_Goal of the exercise_
Repeat exactly the lines of the entries below from the one with "Example of skin" through the one with "- Evaluation of skin care and treatment", both ends included, and nothing else.

Saved entries:
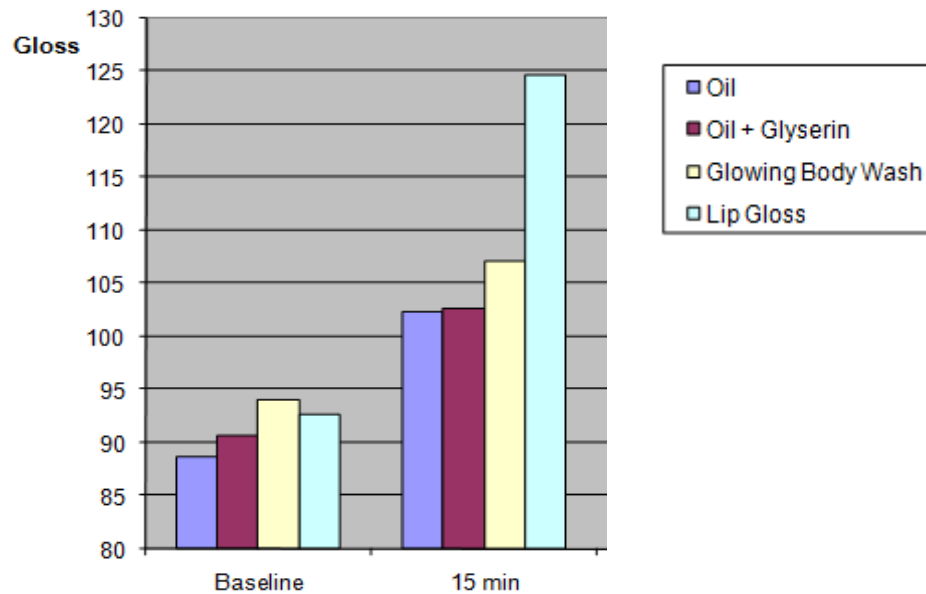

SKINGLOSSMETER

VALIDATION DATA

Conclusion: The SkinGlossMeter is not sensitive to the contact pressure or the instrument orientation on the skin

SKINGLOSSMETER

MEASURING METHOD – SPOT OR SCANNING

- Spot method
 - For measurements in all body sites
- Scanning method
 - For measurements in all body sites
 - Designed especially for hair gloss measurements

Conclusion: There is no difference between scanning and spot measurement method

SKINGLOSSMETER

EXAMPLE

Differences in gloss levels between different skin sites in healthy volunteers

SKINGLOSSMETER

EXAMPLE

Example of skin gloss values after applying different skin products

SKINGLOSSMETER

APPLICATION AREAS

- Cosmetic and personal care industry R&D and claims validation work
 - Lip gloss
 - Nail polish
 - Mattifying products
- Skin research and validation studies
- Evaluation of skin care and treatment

==

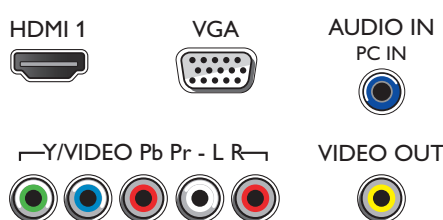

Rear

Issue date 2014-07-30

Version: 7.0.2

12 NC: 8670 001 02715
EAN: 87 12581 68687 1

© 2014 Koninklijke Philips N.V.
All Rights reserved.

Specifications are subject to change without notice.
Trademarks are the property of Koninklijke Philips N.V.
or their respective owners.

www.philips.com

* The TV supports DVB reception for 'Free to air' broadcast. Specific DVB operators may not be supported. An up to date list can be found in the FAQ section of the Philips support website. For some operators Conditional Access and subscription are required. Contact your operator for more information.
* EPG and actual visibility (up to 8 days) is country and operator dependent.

_Answer box_
Example of skin gloss values after applying different skin products

SKINGLOSSMETER

APPLICATION AREAS

- Cosmetic and personal care industry R&D and claims validation work
 - Lip gloss
 - Nail polish
 - Mattifying products
- Skin research and validation studies
- Evaluation of skin care and treatment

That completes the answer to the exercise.